1. Many statistical techniques require the data following a normal distribution or asymptotically normality at least. It is really hard to ask likert scale data to follow normal distribution, at least for the following two reasons from my experiences: first, the answers of respondents often have floor effects or ceiling effect, which means there are rarely people who choose 5 as many as who choose 1. In another words, if most people choose 5 probably there are fewest people to choose 1. People’s answers have similar tendency. All above will not lead the distribution to be a bell-shape, or symmetrical shape. The other reason is that the normal distribution was designed for continuous data.
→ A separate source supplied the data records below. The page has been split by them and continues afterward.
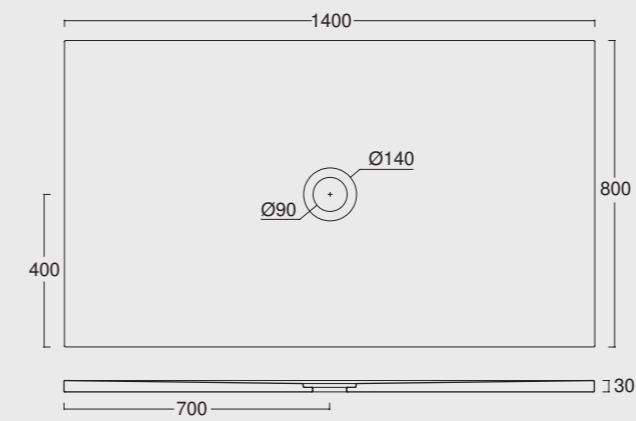

Cod. PD801403
Piatto doccia Form 80x140xh3
Form shower tray 80x140xh3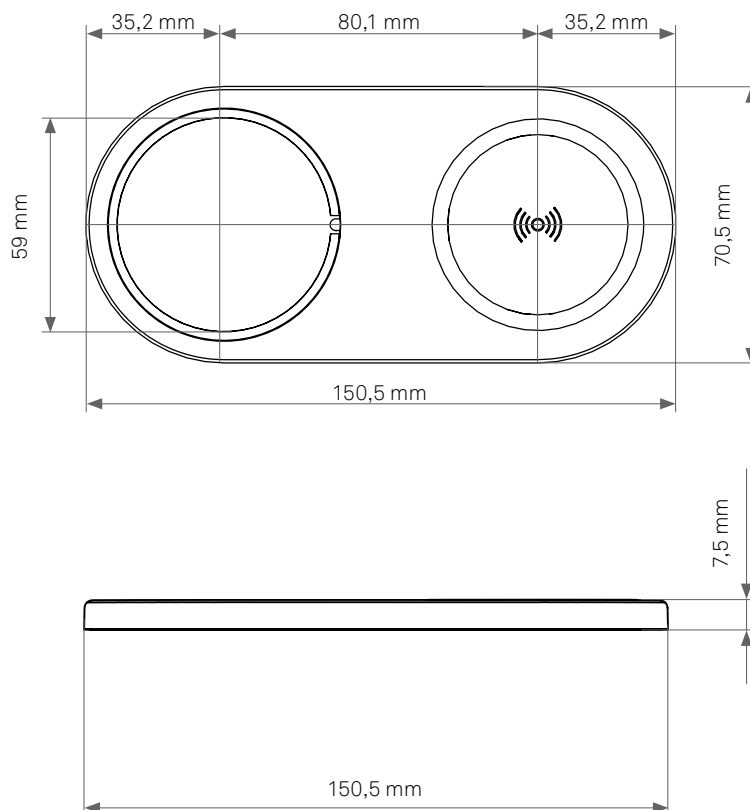

OneDisQ Lieferbare Oberflächen Available finishes

■ Kunststoff schwarz
Plastic black

■ Kunststoff weiß
Plastic white

OneDisQ Sonstiges Further

■ Für den Betrieb ist ein Netzteil mit USB C-Anschluss notwendig.
For the commissioning, is a USB C power supply necessary.

■ Schnelles kabelloses Laden
Fast wireless charging

■ Herstellerunabhängig, lädt Geräte mit induktiver Ladefunktion (das Gerät muss mittig und plan über der Spule platziert werden).
Vendor independent, charges devices with inductive charging function (the unit must be placed centrally)

■ Integrierter Magnet verbindet und zentriert geeignete Geräte von selbst, der Ladevorgang beginnt sofort.
Integrated magnet, suitable devices connect and centre themselves, the charging process begins immediately.

■ Induktive Kopplung zwischen Sender (Ladestation) und Empfänger (Mobiltelefon).
Inductive coupling between transmitter (charging station) and receiver (mobile phone) flat over the coil.

■ Die Ladespule ist nur aktiv, wenn eine Verbindung zu dem zu ladenden Gerät besteht.
Transmitter coil is active only when a connection to the receiving device is made.

■ Bitte beachten: Die Ladefunktion kann durch Hüllen oder hervorstehende Gehäuseteile (z.B. Kameras) beeinträchtigt werden.
Please note: The charging function may be impaired by covers or protruding housing parts (e.g. cameras).

Maße OneDisQ Dimensions OneDisQ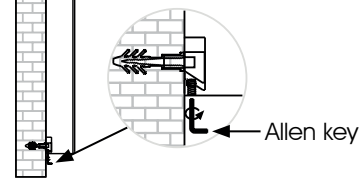

CABLE

Delivered with 2,5 meter long cable and EU plug. UK, US or CH plugs should be specified with order. Extension cable: 1 mm, 2 mm, 3 mm.

HANGER

2 wall hangers are standard in each product. Moving hangers let the mounting in portrait and landscape position.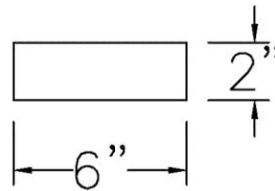

Custom Stainless Steel Food Pans

HEAVY DUTY

16 Gauge 304 Series

Fully Welded

Approval signature: _____

Date: _____

**25" x 6" x 2" D
Pans**

Size	NSF Rounded Corners
25" x 6" x 2" D	Yes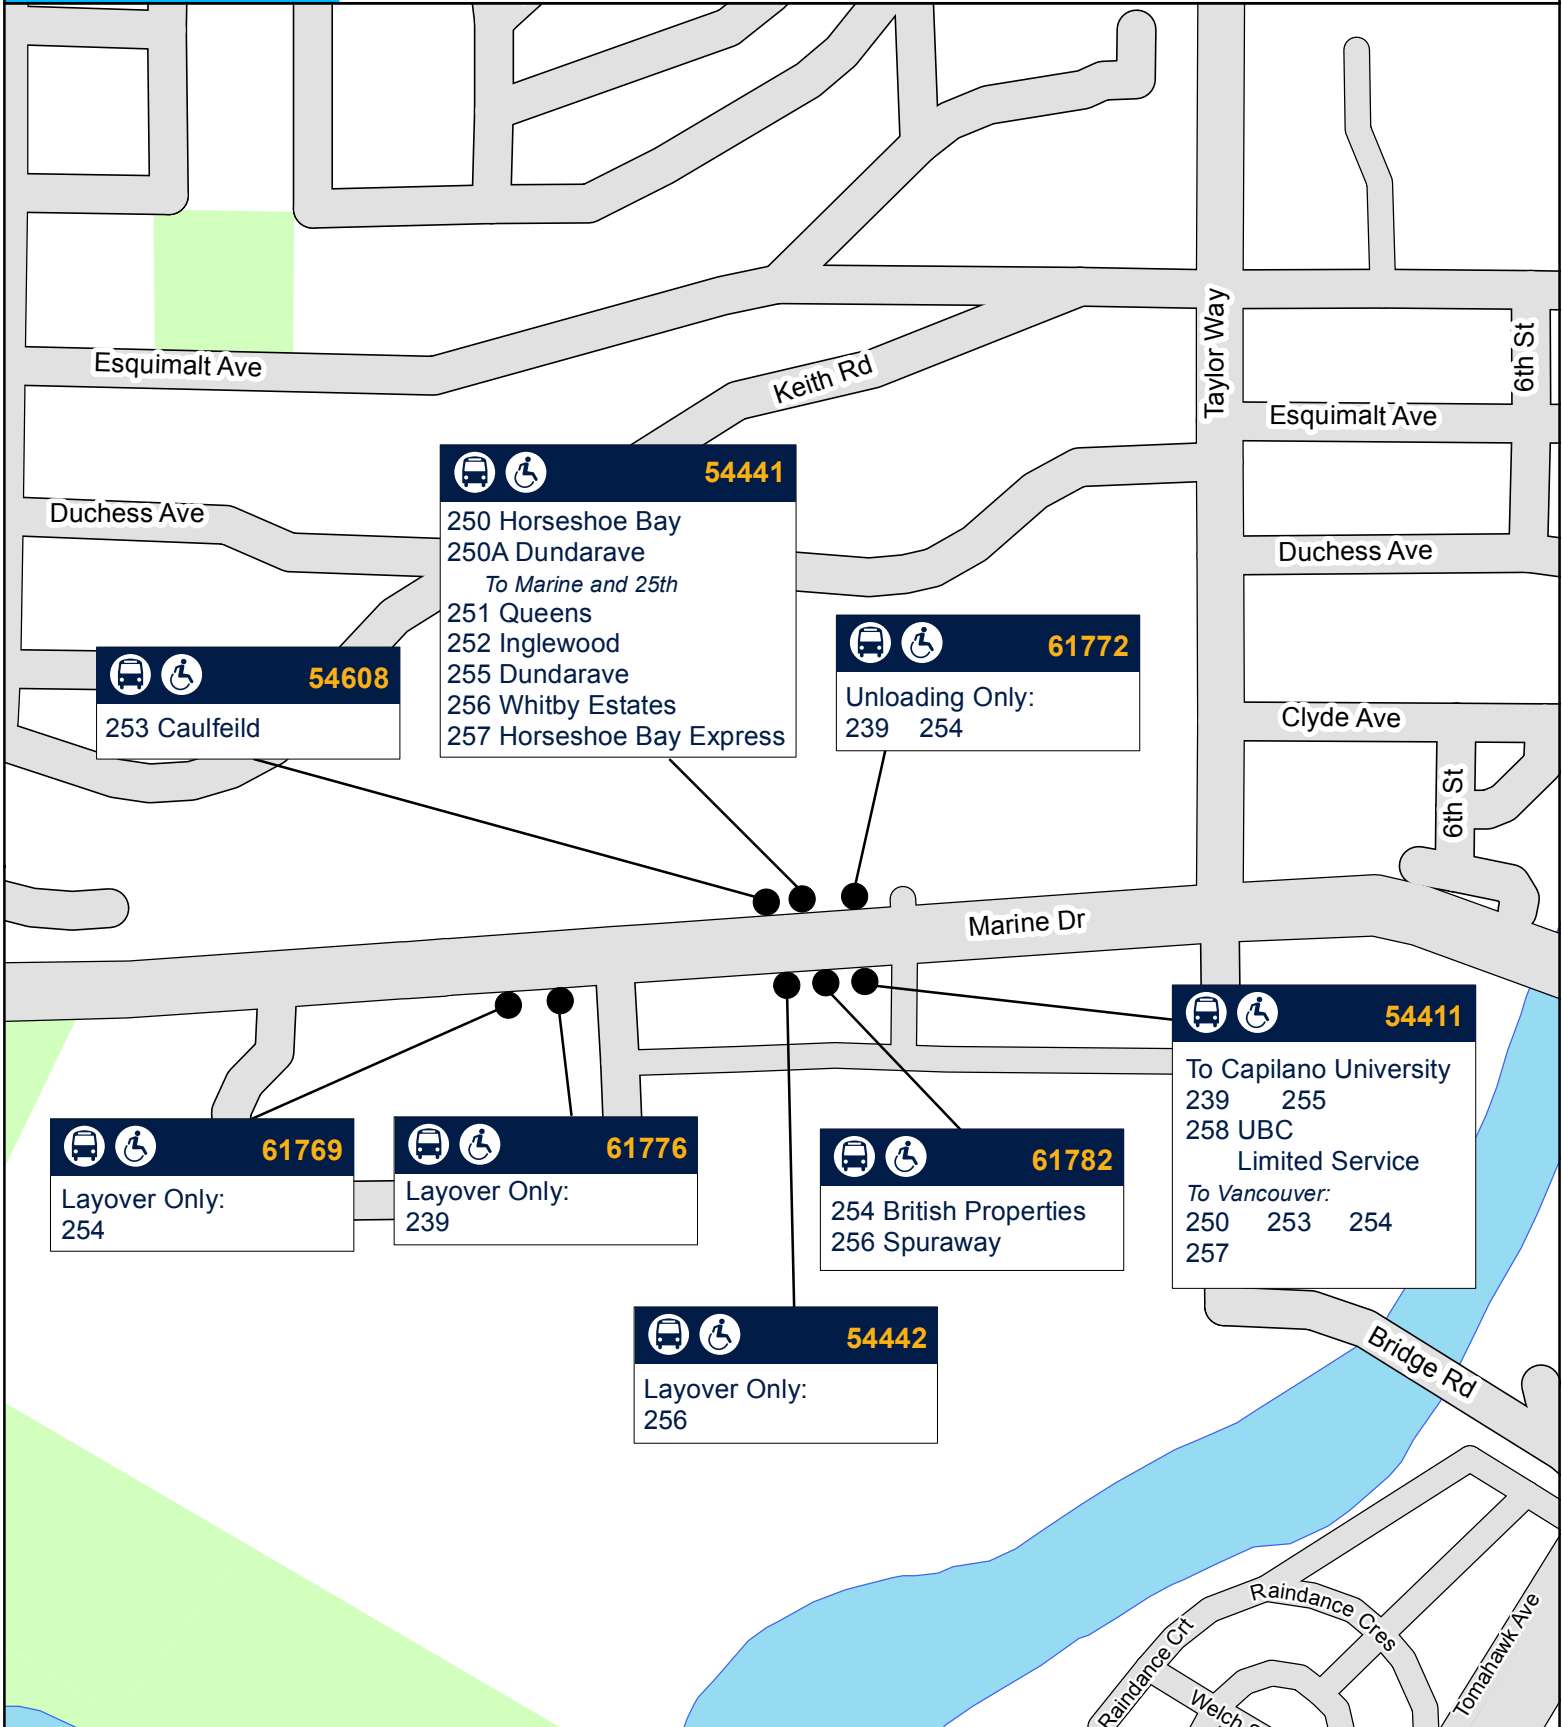

Park Royal

Marine Dr at Taylor Way, West Vancouver, BC

April 2018

54608

253 Caulfeild

54441

250 Horseshoe Bay
250A Dundarave
To Marine and 25th
251 Queens
252 Inglewood
255 Dundarave
256 Whitby Estates
257 Horseshoe Bay Express

61772

Unloading Only:
239 254

61769

Layover Only:
254

61776

Layover Only:
239

61782

254 British Properties
256 Spuraway

54411

To Capilano University
239 255
258 UBC
Limited Service
To Vancouver:
250 253 254
257

54442

Layover Only:
256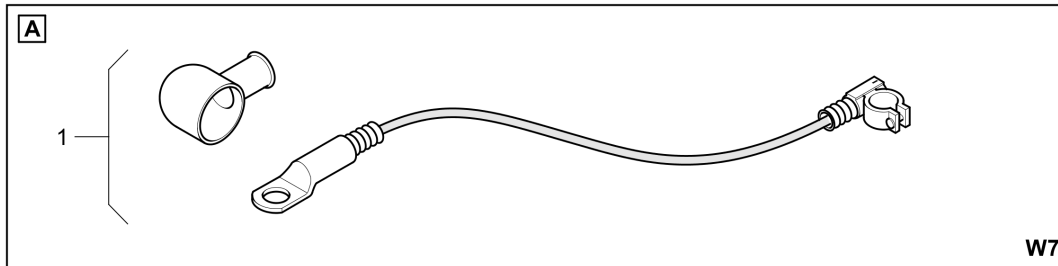

4812016455 Wiring 4812011129 Cable W7

Item	Part No.	Name	Qty	L	C	SN INFO
1	4812011129	Cable W7	1

How can you estimate a normal curve by just three or five vertical discrete strips? Ridiculous.
2. The interval between any two points cannot make sense. I agree with that if the ordinal data is 1st place, 2nd place or 3rd place in a 100 meter run. The distances between 1 and 2 make no senses(who tell me 1.3th place win gold medal or silver?). However, I admit the data from Likert Scale is ordinal in nature. I think the distance between two points could mean something, more or less. For example, if the mean of two person’s answer is 1.5, at least we cannot conclude they have a positive attitude, right? I read some article talking about this. I suggest to the students come to see me that treat it as interval type if you are using a at least five-points likert scale. But be aware of that there are still debating and arguing among statisticians. If you show my article to another statistician, they may say what I wrote is bullshit.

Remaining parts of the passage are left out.